_Description of the task_
From the line containing "50.1. A.2-26dB Bandwidth(NTNV)" down to the line containing "Adapté aux piliers de 20cm x 20cm", copy out the entries below exactly, both lines included, and nothing else; pictures do not belong in the copy.

START Supplied entries

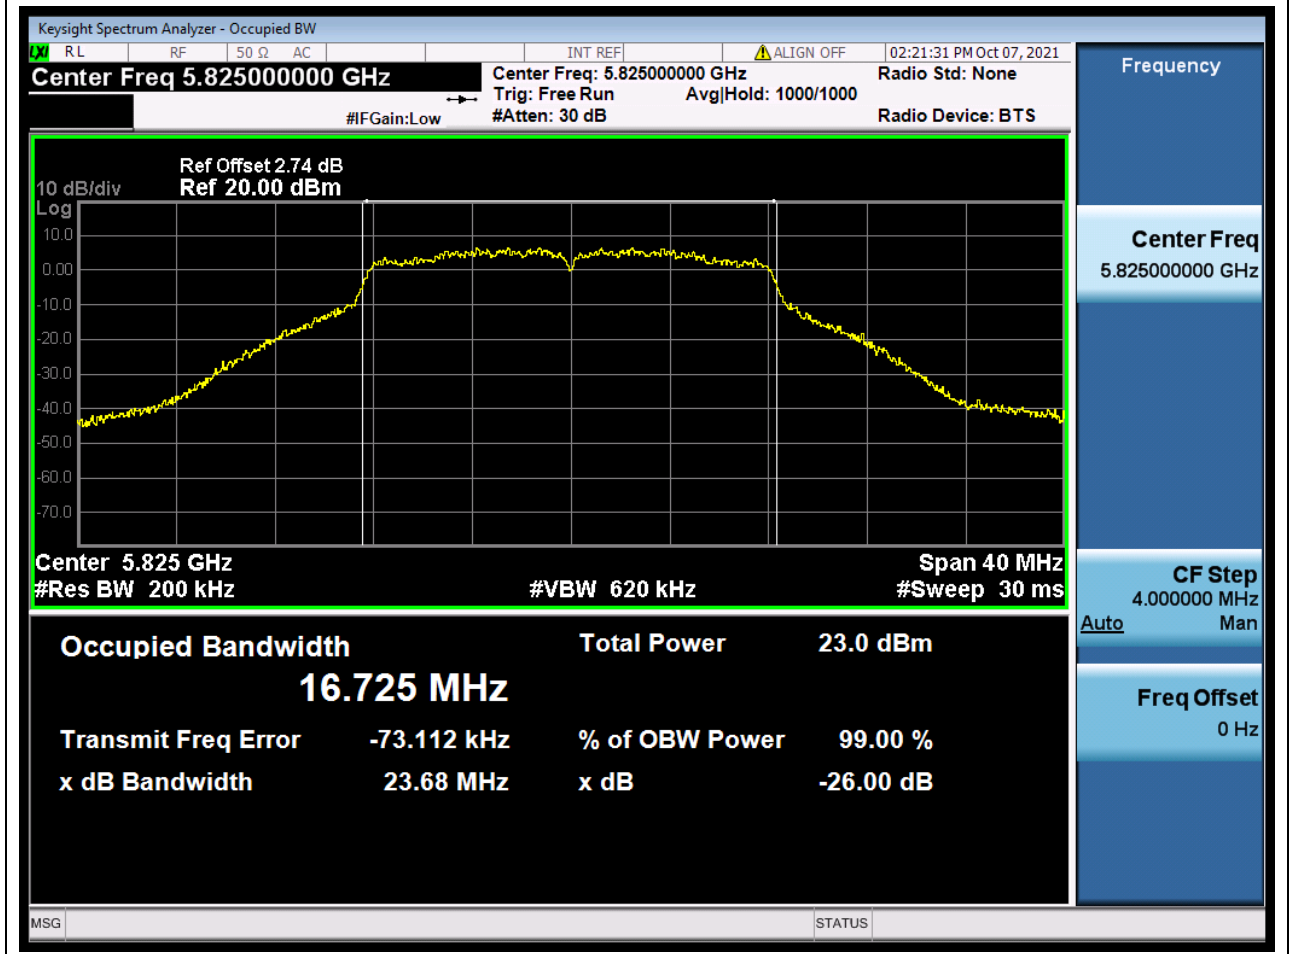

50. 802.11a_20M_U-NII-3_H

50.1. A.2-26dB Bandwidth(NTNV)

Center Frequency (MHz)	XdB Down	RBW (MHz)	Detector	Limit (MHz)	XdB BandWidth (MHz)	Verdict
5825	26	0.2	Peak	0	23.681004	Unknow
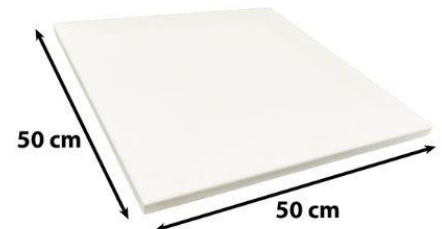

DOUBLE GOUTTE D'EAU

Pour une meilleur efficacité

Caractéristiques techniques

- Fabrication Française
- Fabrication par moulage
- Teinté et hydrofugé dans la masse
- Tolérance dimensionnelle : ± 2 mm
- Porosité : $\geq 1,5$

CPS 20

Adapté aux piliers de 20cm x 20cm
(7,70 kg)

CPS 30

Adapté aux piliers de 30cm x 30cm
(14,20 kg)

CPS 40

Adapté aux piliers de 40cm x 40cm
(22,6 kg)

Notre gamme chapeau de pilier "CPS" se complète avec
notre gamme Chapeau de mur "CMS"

END Supplied entries

_Your response_
50.1. A.2-26dB Bandwidth(NTNV)

Center Frequency (MHz)	XdB Down	RBW (MHz)	Detector	Limit (MHz)	XdB BandWidth (MHz)	Verdict
5825	26	0.2	Peak	0	23.681004	Unknow

DOUBLE GOUTTE D'EAU

Pour une meilleur efficacité

Caractéristiques techniques

- Fabrication Française
- Fabrication par moulage
- Teinté et hydrofugé dans la masse
- Tolérance dimensionnelle : ± 2 mm
- Porosité : $\geq 1,5$

CPS 20

Adapté aux piliers de 20cm x 20cm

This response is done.